Vang. Use it downwind, keep fairly tight to keep the boom down and avoid too much twist in the sail. Upwind, if you have one, you use the....
Traveler. If windy, ease it to lee a little, or a lot. Once the mainsheet is close-hauled, it becomes your up/down leech loosener/tightener, which helps you flatten or make fuller, the Main. The traveler then is your in/out control (like a mainsheet, but with a narrower range. Use leech telltales to see how the leech tension and twist are, you want them to flow aft.
Way more to say about all the above, but many web sites say it better, and longer.
You didn't mention halyard tension (or cunningham, or downhaul if a sliding gooseneck), outhaul, or backstay. Generally tightening them flattens the sail (for windy conditions, or for smoother water), loosening makes it baggier for lighter air or choppy sea (like a lower gear on a car or bike).
then there's the jib. same deal re halyard tension, and fore/aft side/side angle for the jibsheet leads.

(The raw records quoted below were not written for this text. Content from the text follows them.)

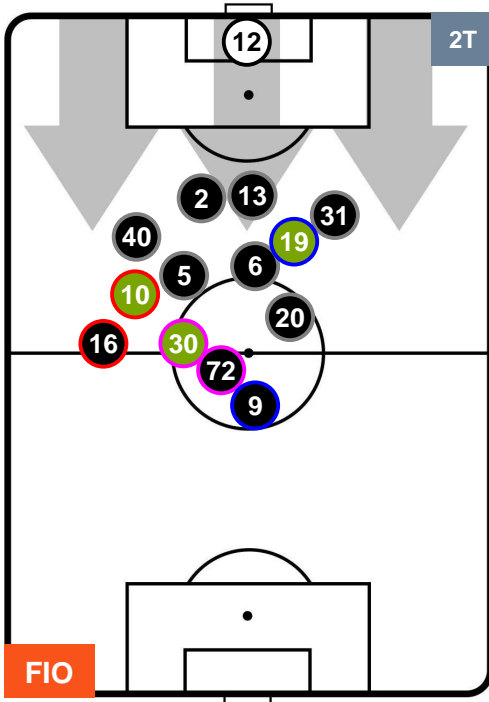

FIORENTINA **FIO 1** **0** **ROM** ROMA

POSIZIONI MEDIE POSSESSO PALLA (proprio)

- Legenda:**
- 1ª Sostituzione Giocatore Entrato Giocatore Uscito
 - 2ª Sostituzione Giocatore Entrato Giocatore Uscito Giocatore Entrato in sostituzione di
 - 3ª Sostituzione Giocatore Entrato Giocatore Uscito Giocatore Entrato in sostituzione di

FIORENTINA

FIO 1

0 ROM

ROMA

POSIZIONI MEDIE POSSESSO PALLA (avversario)

- Legenda:**
- 1ª Sostituzione ● Giocatore Entrato ● Giocatore Uscito
 - 2ª Sostituzione ● Giocatore Entrato ● Giocatore Uscito ■ Giocatore Entrato in sostituzione di ●
 - 3ª Sostituzione ● Giocatore Entrato ● Giocatore Uscito ■ Giocatore Entrato in sostituzione di ●

Much depends on the boat, the sails, and the conditions. Racing's boatspeed first, then clear air above all, tack on headers, stay on lifts, don't be over at the start, don't pinch too much, don't foot too much, mark you ballot carefully, and keep the ball low...;-)
Enjoy racing. Best sailing school there is. Eventually someone else's ass will be getting kicked, you're up to mid-fleet, and liking it a lot more.
Okay, this will get it started? others chime in with better pointers than me.